Data for this task

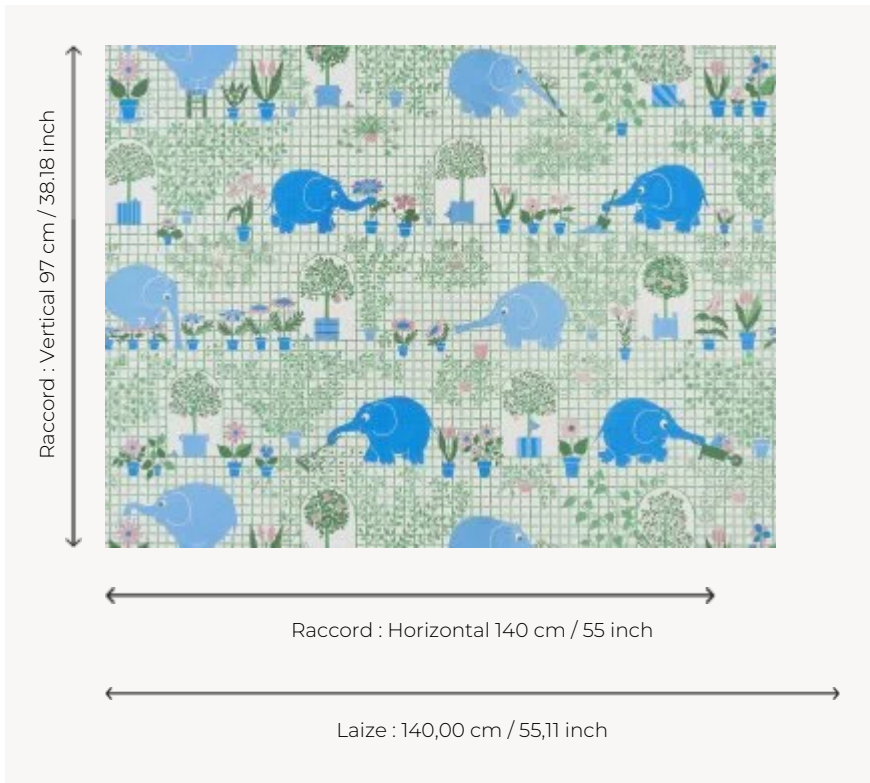

FP836001 LES ELEPHANTS JARDINIERS

Les éléphants s'occupent du jardin. Des feuillages variés s'élèvent sur un treillage de fond. Plantes en pots, arbres fruitiers... il faut arroser, ratisser, transporter le terreau et replanter... Quel travail Ce dessin fait partie de la première collection enfant de papiers peints de la Maison Pierre Frey, créée à l'occasion de la naissance des enfants de M.Patrick Frey. Ré-édition réjouissante.

FP836001 - Multicolore

Pierre Frey

TYPE	Papiers peints imprimés grande largeur
UNITÉ DE VENTE	Disponible au mètre
SUPPORT	INTISSE
COMPOSITION	-
LAIZE	140 cm / 55,11 inch
RACCORD	H: 140 cm - 55,00 inch V: 97 cm - 38,18 inch Raccord droit
POIDS	130 gr / m ²
ENTRETIEN	
EMARGEMENT	Pré-émargé
POSE/DÉPOSE	Encoller le mur Arrachable à sec
CERTIFICATIONS	EUROCLASS B-s1,d0 ASTM E84 Class A
NOTES	Support non feu Bonne solidité à la lumière
INFORMATIONS	Utiliser les repères pour faire le raccord lors de la pose. Pose en double coupe
LIASSE	F9979PPFREY28

What you are asked to do
Print exactly, and only, the lines of the material above that run from the one containing "Arrachable à sec" through its last line.

Task output
POSE/DÉPOSE	Encoller le mur Arrachable à sec
CERTIFICATIONS	EUROCLASS B-s1,d0 ASTM E84 Class A
NOTES	Support non feu Bonne solidité à la lumière
INFORMATIONS	Utiliser les repères pour faire le raccord lors de la pose. Pose en double coupe
LIASSE	F9979PPFREY28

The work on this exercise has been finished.